Renée Akitelek Mboya
Renée Akitelek Mboya is a writer, curator and filmmaker working between Dakar and Nairobi and is collaborative editor and member of the Wali Chafu Collective, Nairobi, KE. Her custom is one that relies on biography and storytelling as a form of research and production. A Glossary of Words My Mother Never Taught Me, comprising a 3-week screening event and installation at Cell Project Space, was Akitelek Mboya's first solo presentation in the UK.

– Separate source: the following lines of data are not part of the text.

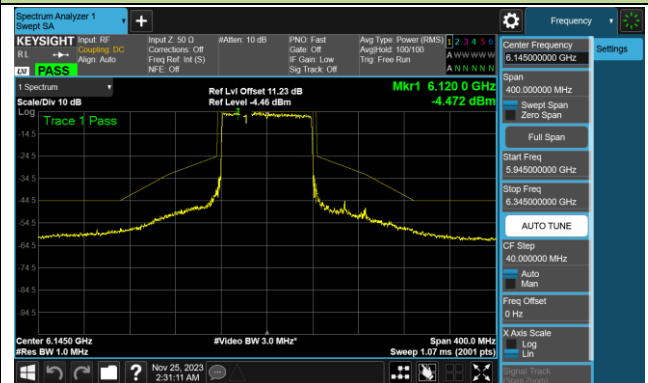

Channel 227 (7085MHz)

802.11be-EHT80 In-Band Emission (N_{ss}=4)

Channel 07 (5985MHz)

Channel 39 (6145MHz)

Channel 87 (6385MHz)

Channel 103 (6465MHz)

Channel 119 (6545MHz)

Channel 135 (6625MHz)

Channel 151 (6705MHz)

Channel 167 (6785MHz)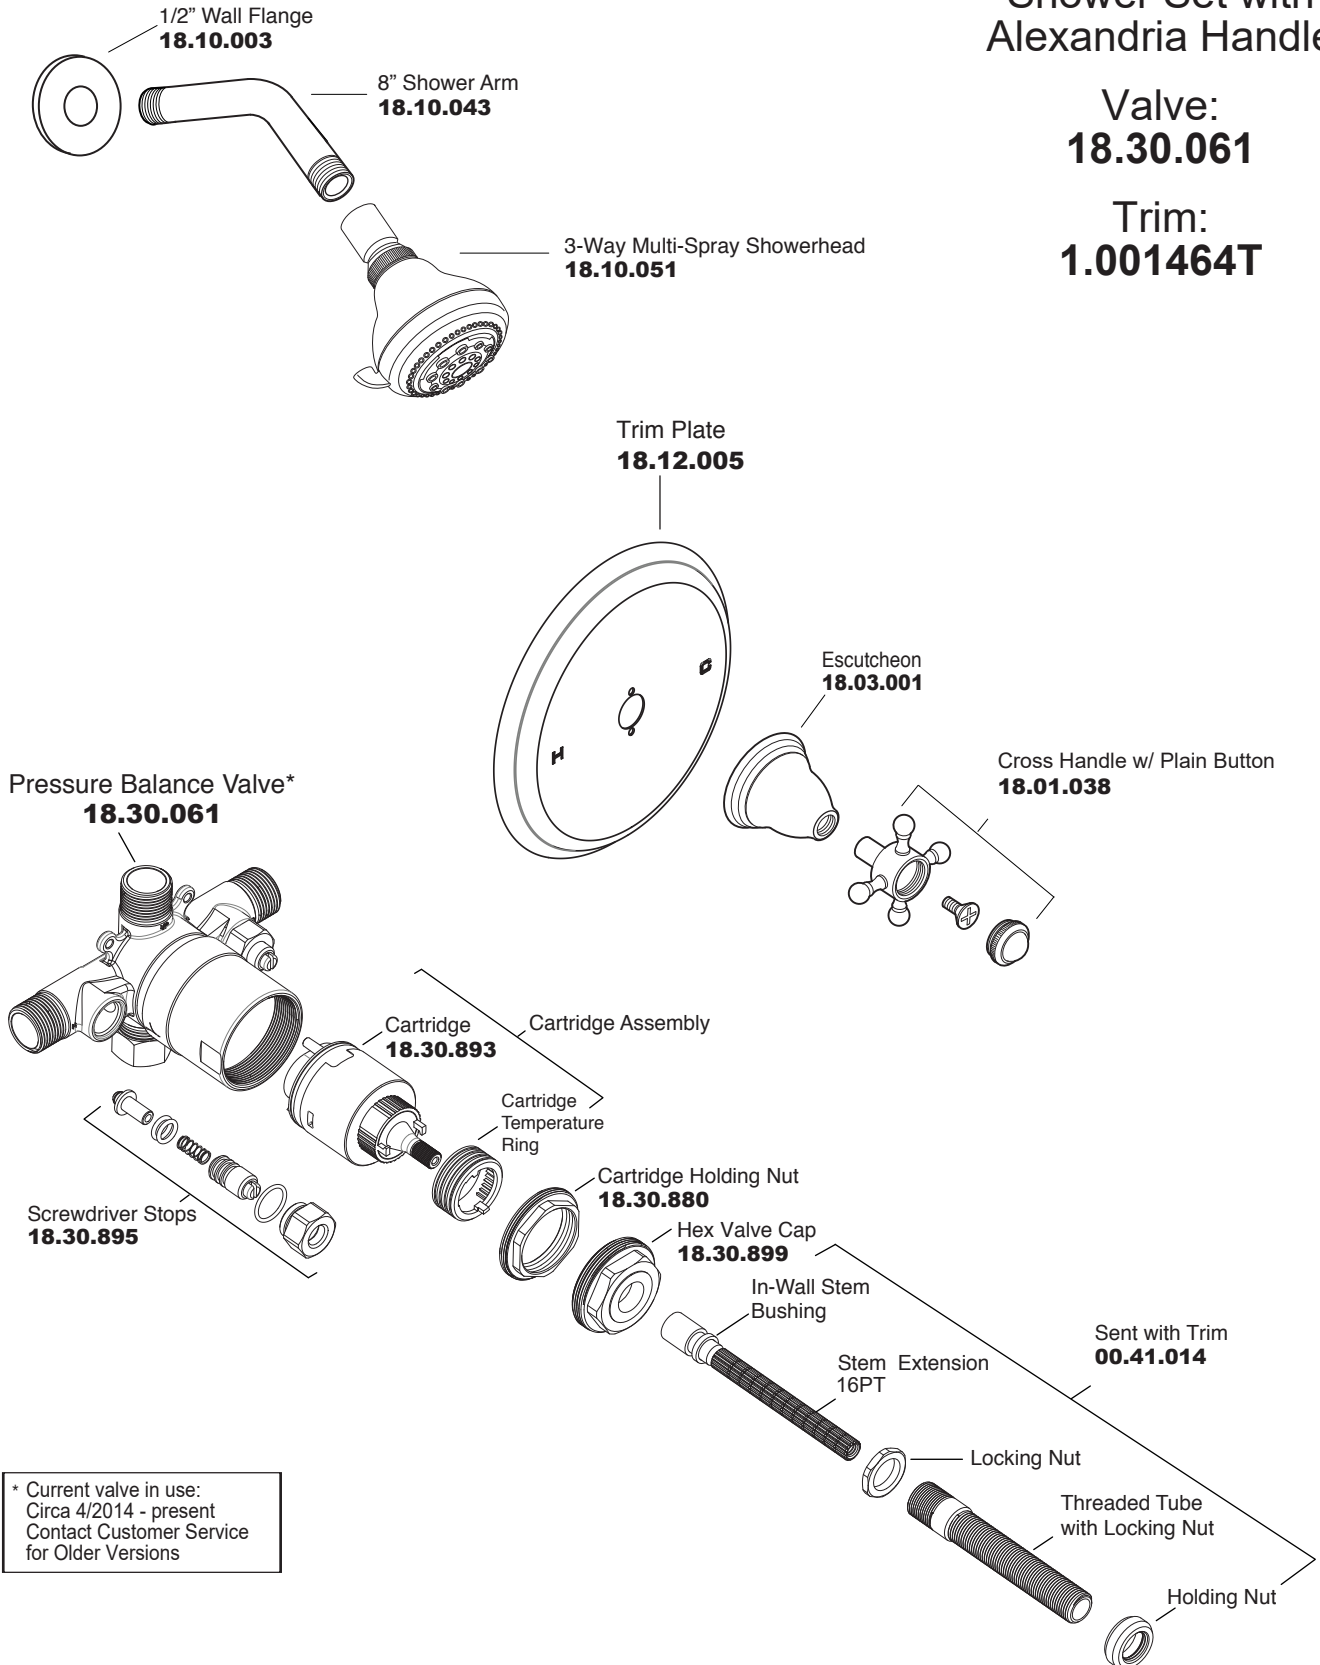

PARTS LIST

Pressure Balance Shower Set with Alexandria Handle

Valve:
18.30.061

Trim:
1.001464T

* Current valve in use:
Circa 4/2014 - present
Contact Customer Service
for Older Versions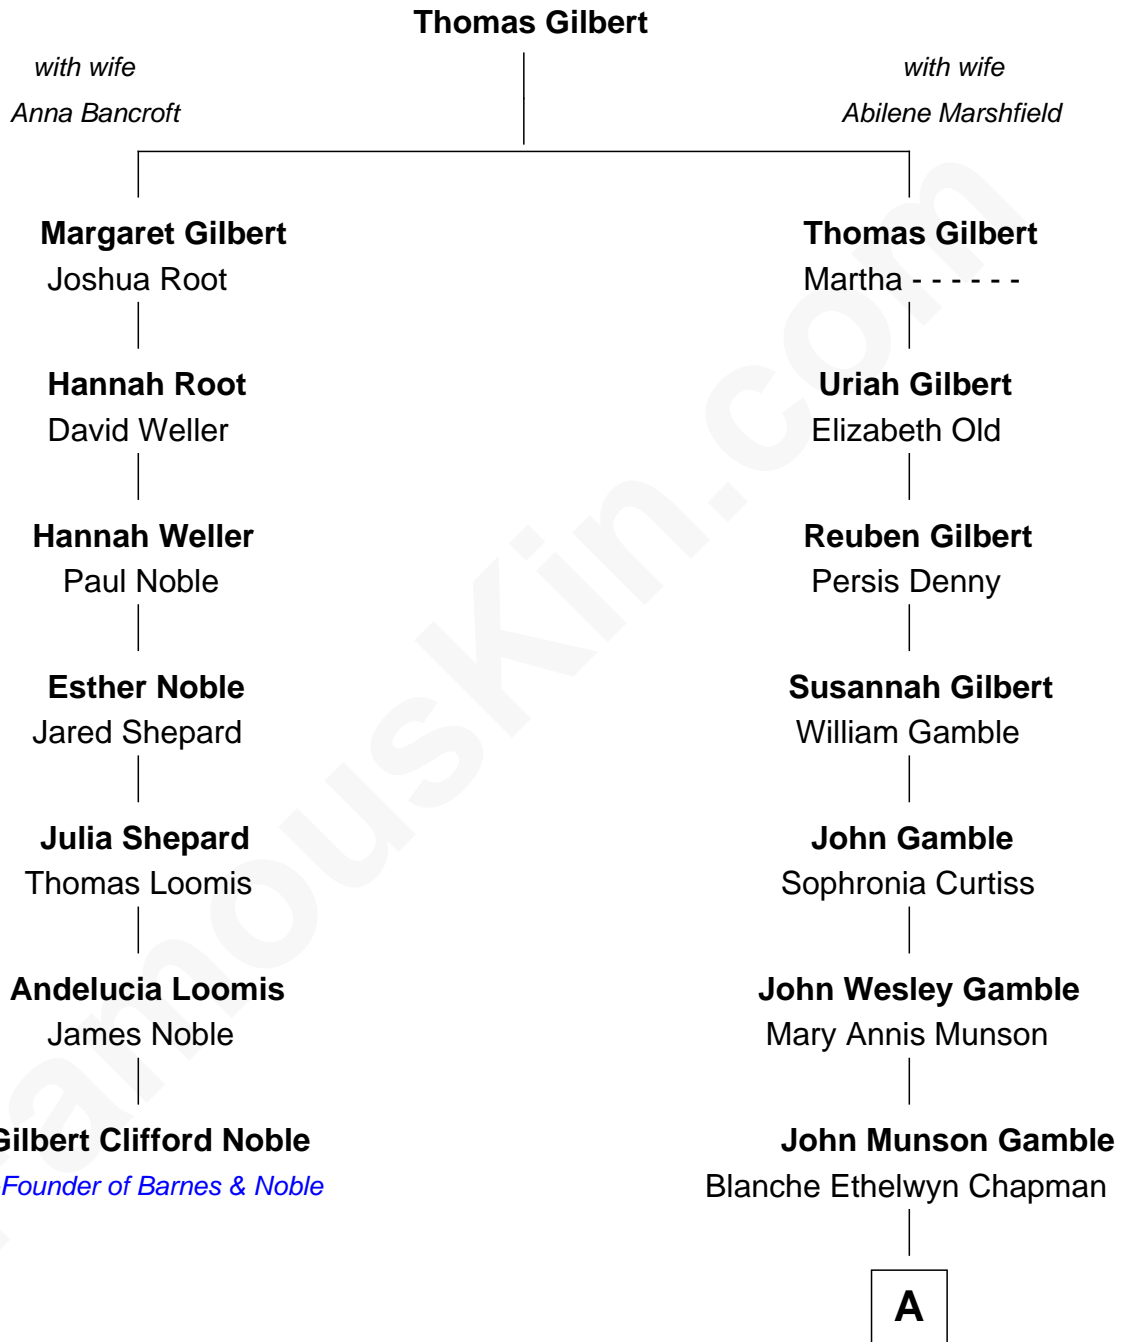

# FamousKin.com Relationship Chart of

**Gilbert Clifford Noble**

*Co-Founder of Barnes & Noble*

6th cousin 3 times removed of

**Viggo Mortensen**

*Movie Actor*

**A**

—  
**Mary Annis Gamble**  
Dr. Walter Sidney Atkinson

—  
**Grace Gamble Atkinson**  
Viggo Peter Mortensen

—  
**Viggo Mortensen**  
*Movie Actor*

FamousKin.com

The eponymously-titled short film A Glossary Of Words My Mother Never Taught Me follows the heritage of the 1966 film Africa Addio (also known as Africa Blood & Guts in the United States, and Africa Farewell in the United Kingdom). Africa Addio is a sensationalist Italian documentary about the end of the colonial era in Africa, shot over a period of three years by Gualtiero Jacopetti and Franco Prosperi, who had gained fame as the directors of Mondo Cane in 1962. This film ensured the viability of the so-called Mondo film genre, a cycle of “shockumentaries” — a description that largely characterizes Africa Addio. In appropriating the form and material of Africa Addio, Mboya subverts the film’s material to articulate the forensic function of image as evidence of the racist regime that portrays certain bodies as criminal, or worse.